Assignments, Midterm, and Final Project

The course is structured around student-led presentations and discussions held during weekly sessions, with the instructor providing guidance and facilitating exploration of the material. Each student will present assigned research papers to the class and participate in discussions to enhance collective understanding. Course evaluation is based on three assignments, one midterm exam, and a final research project.

Assignment 1. Each student will be assigned an AllReduce algorithm (or a synthesized variant) to implement in the Astra-Sim simulator. The simulation should use a ring topology of $16$ nodes, each connected by $400$ Gbps links with a $500$ ns propagation delay. The goal is to evaluate the algorithm’s completion time and compare it against the baseline Ring AllReduce across a range of message sizes.
Assignment 2. Building on the first assignment, extend the implementation to a reconfigurable ring topology where nodes are connected via a photonic switch. The objective is to optimize the circuit-switching schedule to minimize the AllReduce completion time. Students may submit either: (i) A proof showing the minimized completion time based on an optimized schedule, or (ii) Simulation results using Astra-Sim, along with a clear description of the optimization method used.
Assignment 3.
- Option 1: Implement the assigned AllReduce algorithm using NVIDIA Collective Communication Library (NCCL) by writing a CUDA code or using torch in python, and evaluate the performance in an $8$ GPU cluster (access will be provided). nccl-tests repository provides a good starting point for implementation.
- Option 2: Extend HTTP/3 QUIC transport protocol with a learning-augmented congestion control algorithm (e.g., having Cubic or Reno as base algorithms and leveraging ML predictions about network conditions) and implement in aioquic. Test the final implementation by sending iperf traffic to different remote servers and compare the throughput-latency-loss performance against the baseline QUIC implementation. Students may explore any learning algorithm of their choice, with emphasis on the techniques and methods discussed in the course schedule.

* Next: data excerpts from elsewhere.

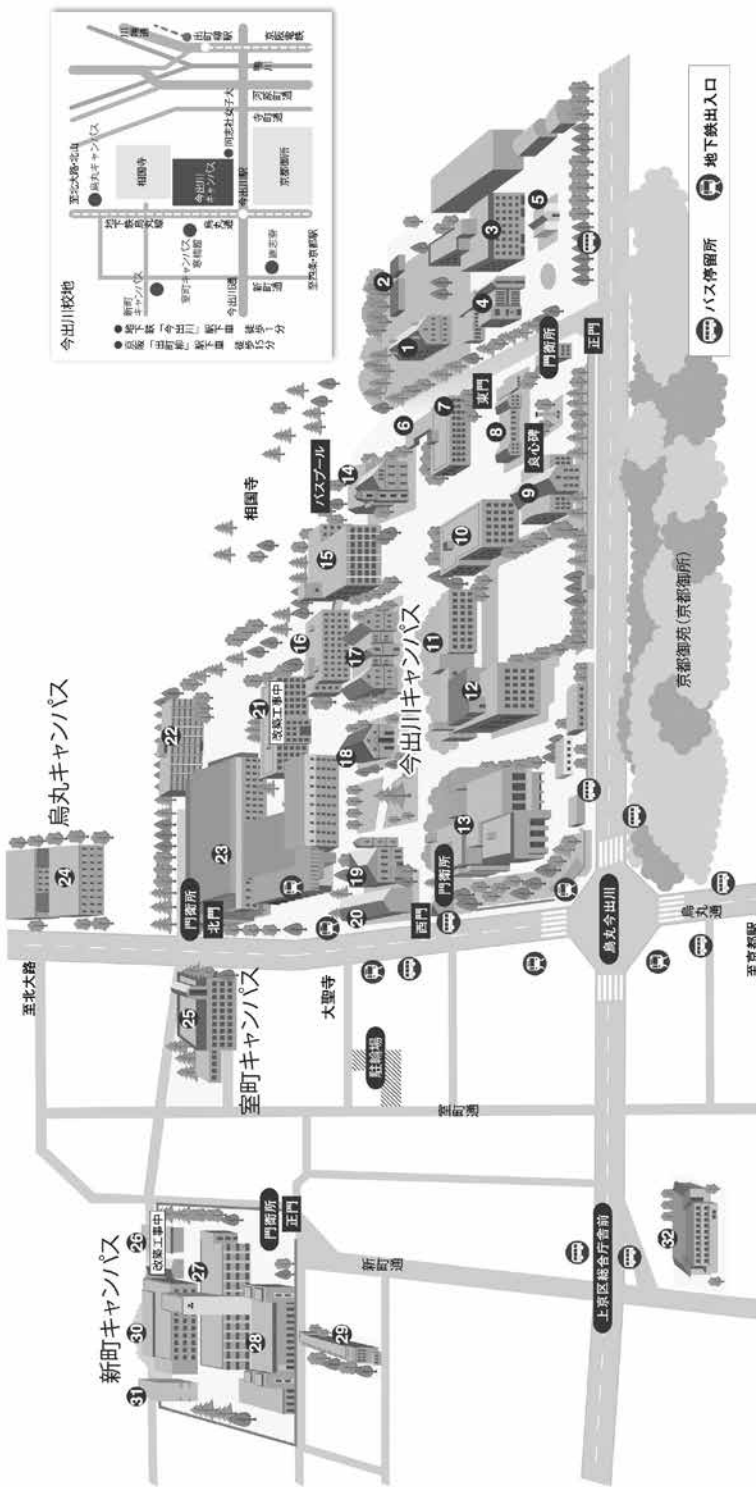

【26】今出川キャンパスマップ

今出川校地

今出川キャンパス ①アーモスト館 (建築学文化財) ②ゲストハウス ③光景館 / 文学部、正学研究所事務局 ④新館 (建築学文化財) ⑤新館 遺品庫 ⑥神学館 / 文学部、神学部、神学研究所事務局 ⑦牧遠館 (建築学文化財) ⑧有明館 (建築学文化財) ⑨弘福館 / 情報学、国際経営研究事務局、入学センター	新町キャンパス ⑩新館 (建築学文化財) ⑪図書館 / 文学部、文学研究所事務局 ⑫図書館 ⑬クラーク記念館 (建築学文化財) / キリス文化センター ⑭新館 (建築学文化財) / 文学部、神学研究所事務局 ⑮扶養館 / 看護センター、看護学文化財 ⑯ハリス理化学館 (建築学文化財) / 理化学センター ⑰同志社礼拝堂 (チャペル) (建築学文化財) ⑱新出館 (建築学文化財) ⑲吉倉館 ⑳新館 (建築学文化財)	烏丸キャンパス ⑲情報学、グローバル地域文化学部事務局、グローバル・ユースセンター研究棟、情報学、経営学、経済学、経営学国際研究棟、学生ラウンジ、食堂、コンビニ、書籍、販賣店、旅行カウンター、カフェ、ラウンジ・commons、ITサポートオフィス ⑳新館 (建築学文化財) ㉑学生生活センター、カウンセリングセンター、体育センター、キャリアセンター、国際経営研究事務局、ハーティ・ホール、クロム・ホール	室町キャンパス ⑳新館 (建築学文化財) ㉑図書館 ㉒クラーク記念館 (建築学文化財) / キリス文化センター ㉓新館 (建築学文化財) ㉔扶養館 / 看護センター、看護学文化財 ㉕ハリス理化学館 (建築学文化財) / 理化学センター ㉖同志社礼拝堂 (チャペル) (建築学文化財) ㉗新出館 (建築学文化財) ㉘吉倉館 ㉙新館 (建築学文化財)	その他 ⑳新館 (建築学文化財) / 情報学、国際経営研究事務局、経済学事務局、新町カフェテリア ㉑学生生活センター、カウンセリングセンター、体育センター、キャリアセンター、国際経営研究事務局、ハーティ・ホール、クロム・ホール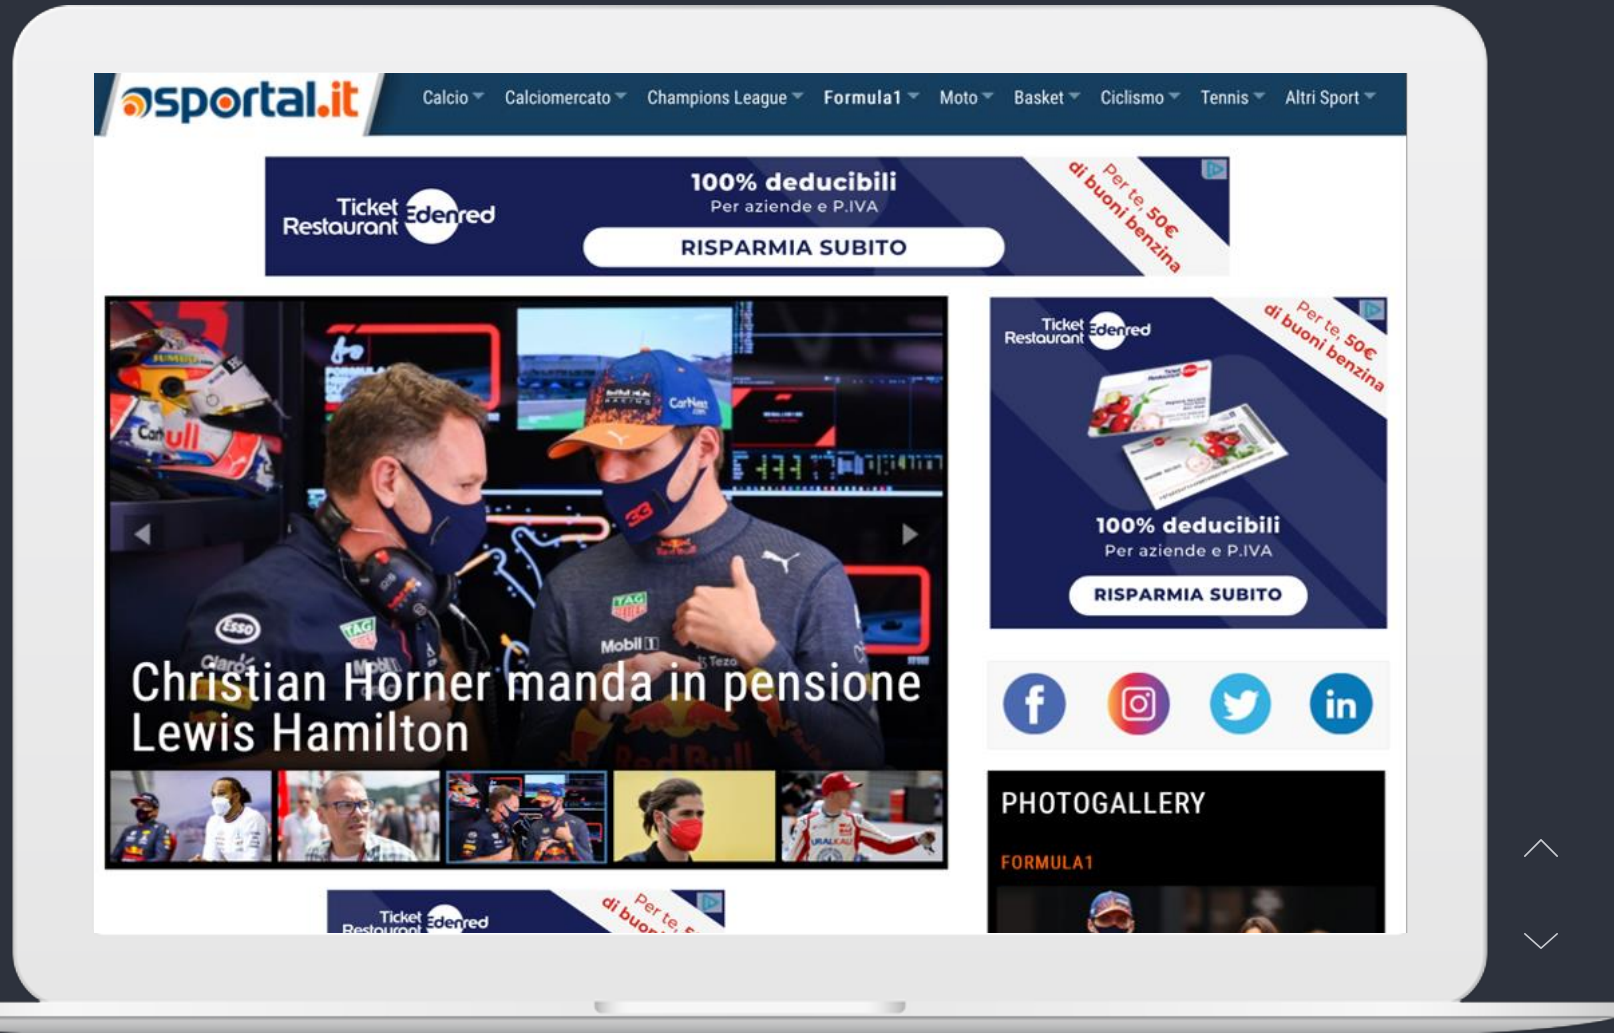

sportal.it

Portale sportivo con 20+ anni di storia, testata leader con informazioni trasversali al mondo sportivo italiano ed internazionale. Le audience attuali si concentrano particolarmente nel segmento motori (F1 e MotoGP), tennis e ciclismo.

UTENTI UNICI

(media mensile ultimi 12 mesi)

2.1M

PAGINE VISTE

(media mensile ultimi 12 mesi)

6.3M

DEVICE: Mob 81% Desk 16% Tab 3%

Uomo 89% Donna 11%

VISIBILA

Midterm: The format of the midterm will be announced during the semester and will focus on the core concepts underlying the algorithms and protocol designs covered in the weekly readings.

Final project: The course concludes with a final research project, to be submitted via an internal HotCRP portal. Evaluation of the project will primarily consider the originality of the algorithmic or systems design proposal, the depth of related work understanding, and the quality of the presentation.

Learning Objectives

Develop critical thinking in networking.
Lead and participate in academic discussions.
Analyze and present research papers.
Explore and propose innovative solutions.
Implement/test GPU communication algorithms.
Write research papers on AI/DC networking.